Biological tissues can fluidize by tuning their internal degrees of freedom

Simple vertex models have effectively captured various mechanical characteristics of biological tissues, including rigidity transitions. These cell-based models contain parameters like preferred cell perimeters, which govern the system's mechanics and dynamics. Tissues are often modeled as having a specific, fixed distribution of such cell-scale parameters, characterized by an average value and a width. Inspired by the success of physical learning rules in resistor and spring networks to design materials that can learn tasks, we wonder whether biological tissues could be tuning these internal degrees of freedom to achieve design goals. As a first test of this idea, we allow cell-scale parameters in vertex models to vary as new learning degrees of freedom. We keep the overall distributions of these parameters fixed, but allow them to swap spatial locations, and minimize a simple cost function which is the total mechanical energy.

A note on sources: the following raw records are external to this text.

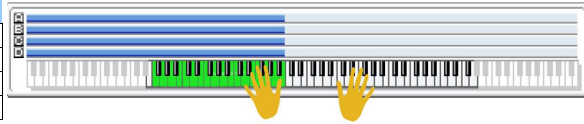

009 AGENTS	
Combi Category:	LeadSplit
Style Category:	Film
Tempo:	076 bpm
Drum Track:	P572 Acid Jazz 6 [Jazz]

KARMA Module	A	B	C	D
NR:	U-C016	U-C006	U-C017	1516
GE Name:	SoP Pick 2	SoP DRUM 3	SoP BASS 6	Analog Machine [Dance Kits]
Category:	Pick	Drum	Bass Pattern	Drum

SLIDER 1	Rhythm Swing %
SLIDER 2	Rhythm Complexity
SLIDER 3	Duration Control
SLIDER 4	Velocity Accents
SLIDER 5	Rhythm Randomize
SLIDER 6	Velocity Pattern
SLIDER 7	Pattern Select [1]
SLIDER 8	Pattern Select [2]

SW 1	Module Run [1]
SW 2	Module Run [2]
SW 3	Module Run [3]
SW 4	Module Run [4]
SW 5	Octave [1]
SW 6	Alternate DrumMap On/Off
SW 7	Octave [3]
SW 8	Alternate DrumMap On/Off

010 GUITAR FUNKY RHYTHM	
Combi Category:	Guitar/Plucked
Style Category:	Funk
Tempo:	107 bpm
Drum Track:	P686 Dreaming [Dance]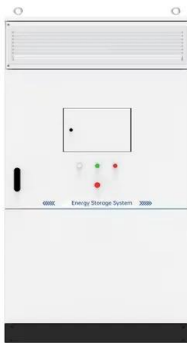

## Magic cube solar container product introduction

Delta's Magic Cube battery system is designed for grid-scale and medium to large-scale industrial energy storage applications. Built on a standard 10ft shipping container with unique designs and ...

## magic cube\_leaflet\_EN\_20240301

Delta's Magic Cube battery system is designed for grid-scale and medium to large-scale industrial energy storage applications. Built on a standard 10ft shipping container with unique designs and ...

## What is the electric car magic cube solar container

Delta's Magic Cube battery system is designed for grid-scale and medium to large-scale industrial energy storage applications. Built on a standard 10ft shipping container with unique designs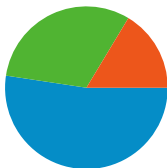

Traffic Sources Overview

- **Search Engines**
  1,021.00 (52.39%)
- **Referring Sites**
  609.00 (31.25%)
- **Direct Traffic**
  319.00 (16.37%)

Content Overview

Pages	Pageviews	% Pageviews
/	396	12.84%
/2007/08/sugesto-	148	4.80%
/search/label/citacoes	132	4.28%
/search/label/citacoes_amor	85	2.76%
/2008/09/curso-online-gratuito-	80	2.59%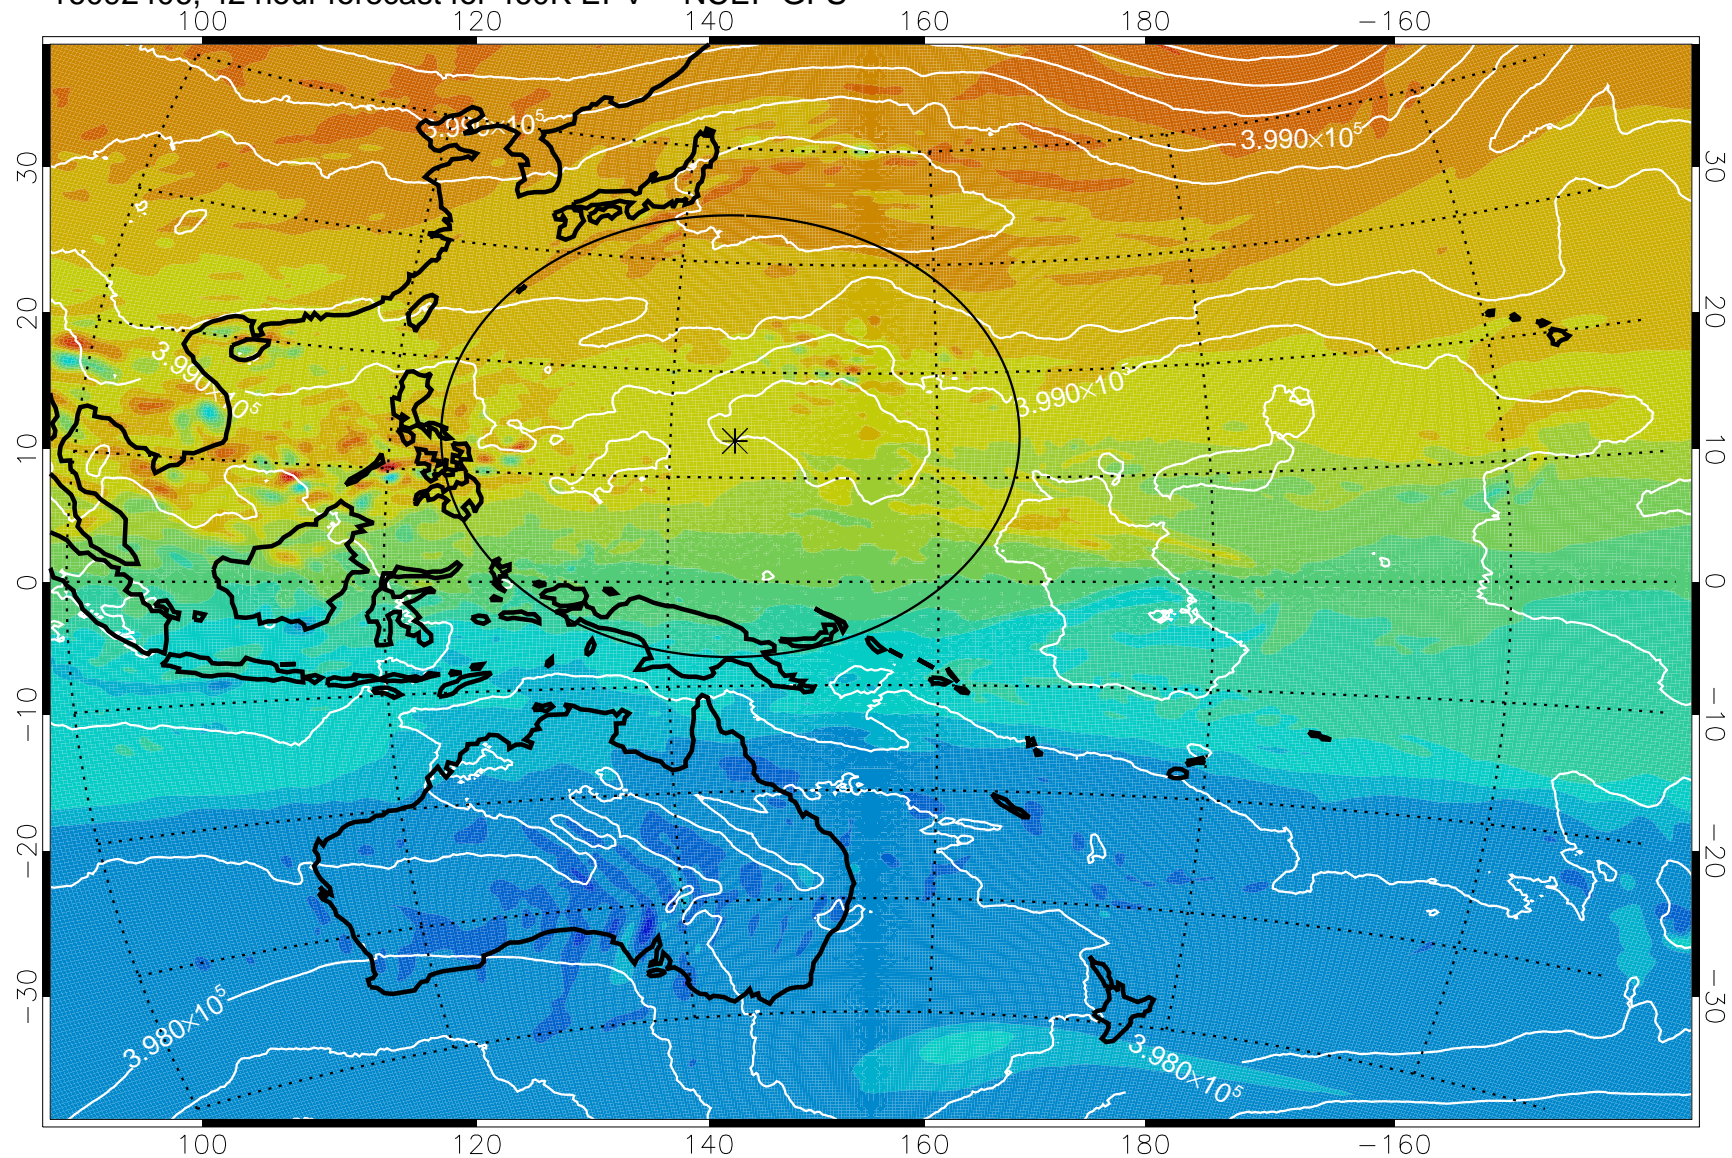

16092318, 30 hour forecast for 460K EPV -- NCEP GFS

460K Montgomery Streamfunction, white

Range ring of 2304 km

16092400, 36 hour forecast for 460K EPV -- NCEP GFS

460K Montgomery Streamfunction, white

Range ring of 2304 km

16092406, 42 hour forecast for 460K EPV -- NCEP GFS

460K Montgomery Streamfunction, white

Range ring of 2304 km

16092412, 48 hour forecast for 460K EPV -- NCEP GFS

460K Montgomery Streamfunction, white

Range ring of 2304 km

16092418, 54 hour forecast for 460K EPV -- NCEP GFS

460K Montgomery Streamfunction, white

Range ring of 2304 km

16092500, 60 hour forecast for 460K EPV -- NCEP GFS

460K Montgomery Streamfunction, white

Range ring of 2304 km

16092506, 66 hour forecast for 460K EPV -- NCEP GFS

460K Montgomery Streamfunction, white

Range ring of 2304 km

16092512, 72 hour forecast for 460K EPV -- NCEP GFS

460K Montgomery Streamfunction, white

Range ring of 2304 km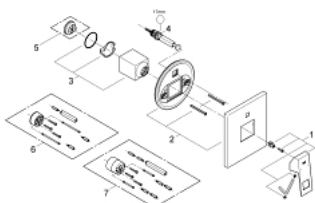

19 896 000 EUROCUBE SINGLE-LEVER BATH MIXER

PRODUCT DESCRIPTION

- Colour: chrome
- trim set for use with rough-in box 33 963 001 or 33 965 001
- Without concealed body
- Metal lever
- GROHE LongLife finish
- Automatic diverter: bath/shower
- Escutcheon- and shaft-sealing
- Metal escutcheon
- Covered fixing

19 896 000 EUROCUBE SINGLE-LEVER BATH MIXER

SPARE PARTS, September 2010 – now

- 1: Lever (Spare part-nr. 46782000)
 - 2: Escutcheon (Spare part-nr. 46783000)
 - 3: Cap (Spare part-nr. 46784000)
 - 4: Repl. Conversion kit (Spare part-nr. 46785000)
 - 5: Temperature limiter (Spare part-nr. 46375000)*
 - 6: Extension for Volume Control (Spare part-nr. 46807000)*
 - 7: Extension for Volume Control (Spare part-nr. 46808000)*
- * Optional accessories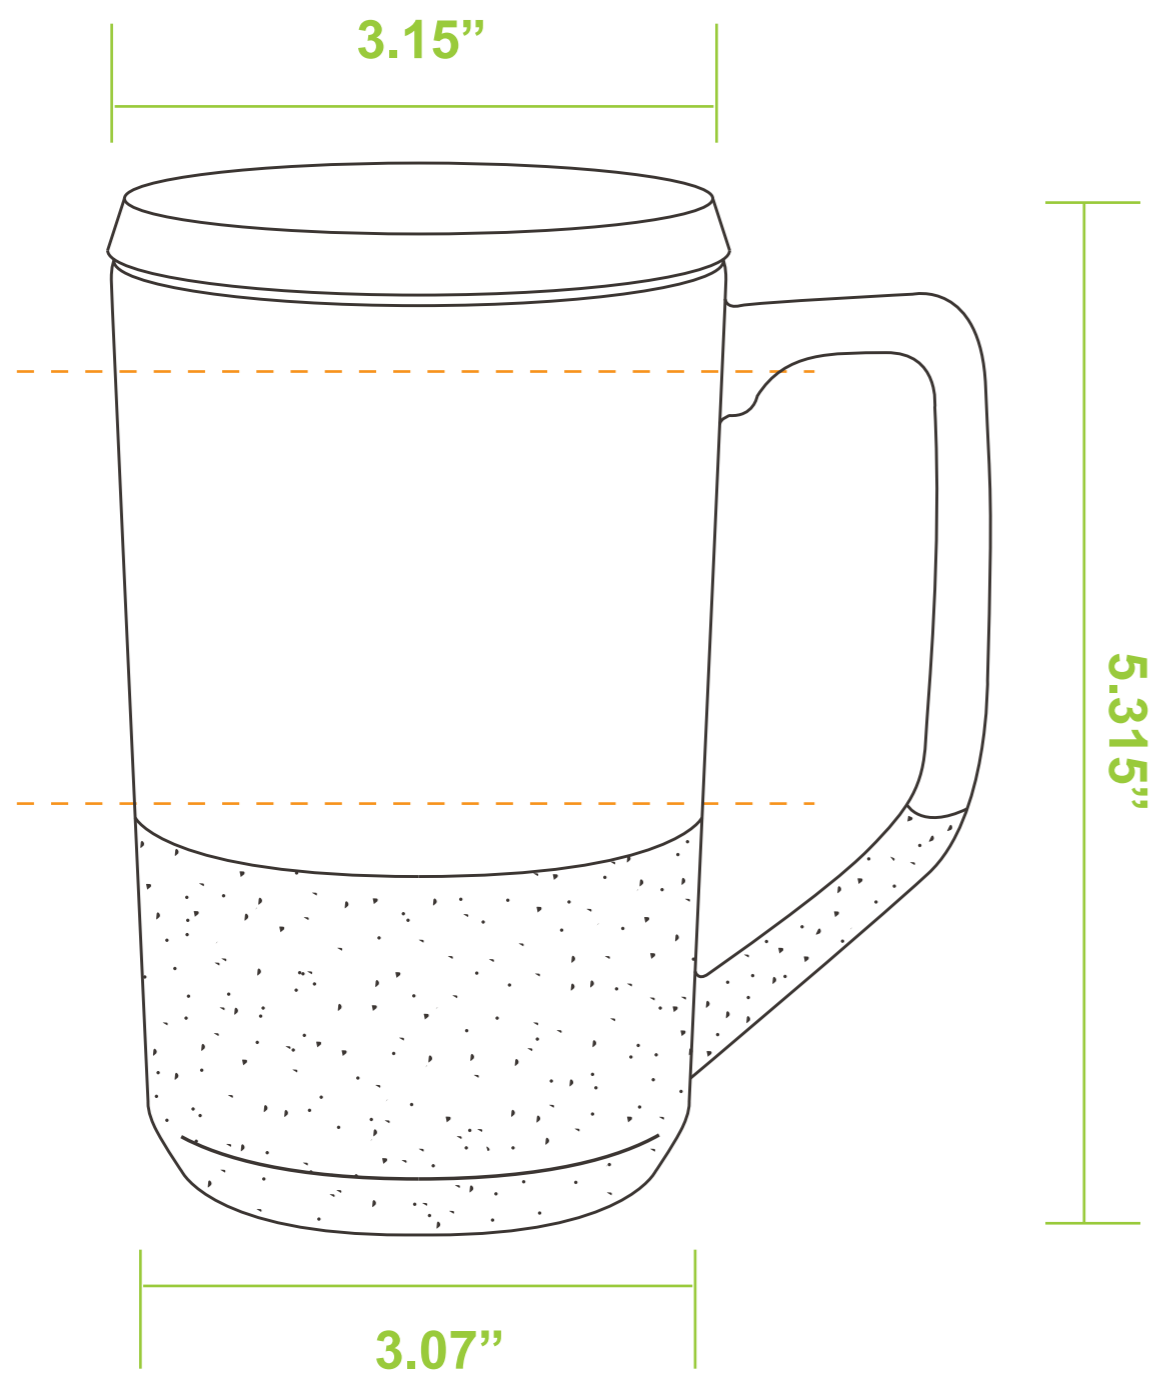

Laser Engraving /
Full Color Digital Printing
on Lid Size: 2" Diameter

Centered on Lid

Silk Screen Printing
One Side Standard on Body:
2.5"W x 2.25"H

Full Color Digital Printing
One Side Standard on Body:
2.25"W x 2.25"H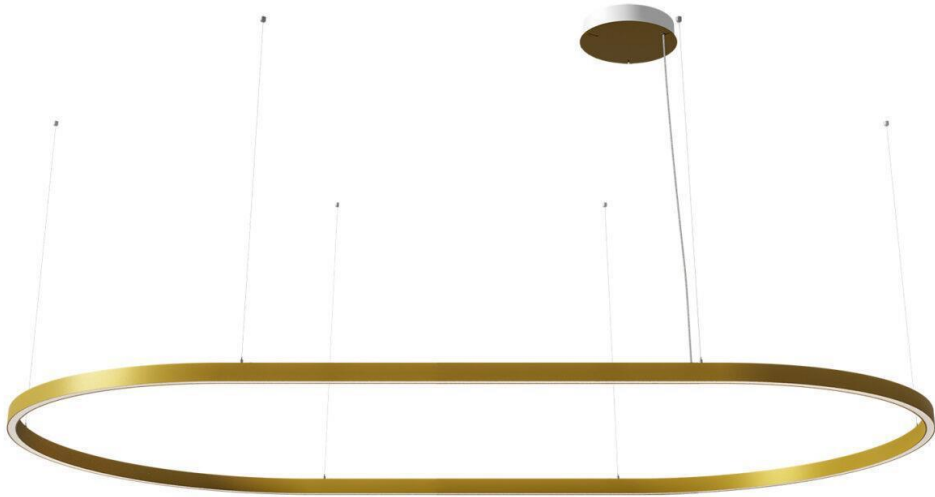

## NAHOOR – MAHARI TABLE LAMP

<https://nahoor.com/en/products/catalogue/#!demetra>

Dimensions: 9-5/8" x 4" x h12"

Finish: Interlaced brown leather

Retail Price: \$5,095.00

**-50% DISC: \$2,547.00**

FINAL SALE - SOLD AS IS - DELIVERY NOT INCLUDED

## NEMO LIGHTING – ZIRKOL OVAL PENDANT

<https://www.nemolighting.com/product/zirkol-c/>

Dimensions: 78" x 39-3/8" x h2" + OH

Finish: Brass aluminum

Retail Price: \$3,745.00

**-30% DISC: \$2,622.00**

Incorporating these transient degrees of freedom, in addition to the physical degrees of freedom represented by the vertex positions, alters the high dimensional energy landscape. We find that as we introduce the preferred cell perimeters as transient degrees of freedom, the system can find a lower energy state, so that the rigidity transition occurs at a lower average value of the perimeter. In other words, with the mechanical energy as the cost function, the system tunes itself to fluidize more easily. Moreover, there is an optimal width of the initial cell perimeter distribution to facilitate learning. Adding perimeter or area stiffnesses or preferred cell areas as new degrees of freedom, on the other hand, does not change the rigidity transition of tissues. Through analysis of tissue structural features in presence of learning degrees of freedom, we propose certain predictive metrics to ascertain whether real epithelial tissues leverage these extra degrees of freedom when performing specific functions.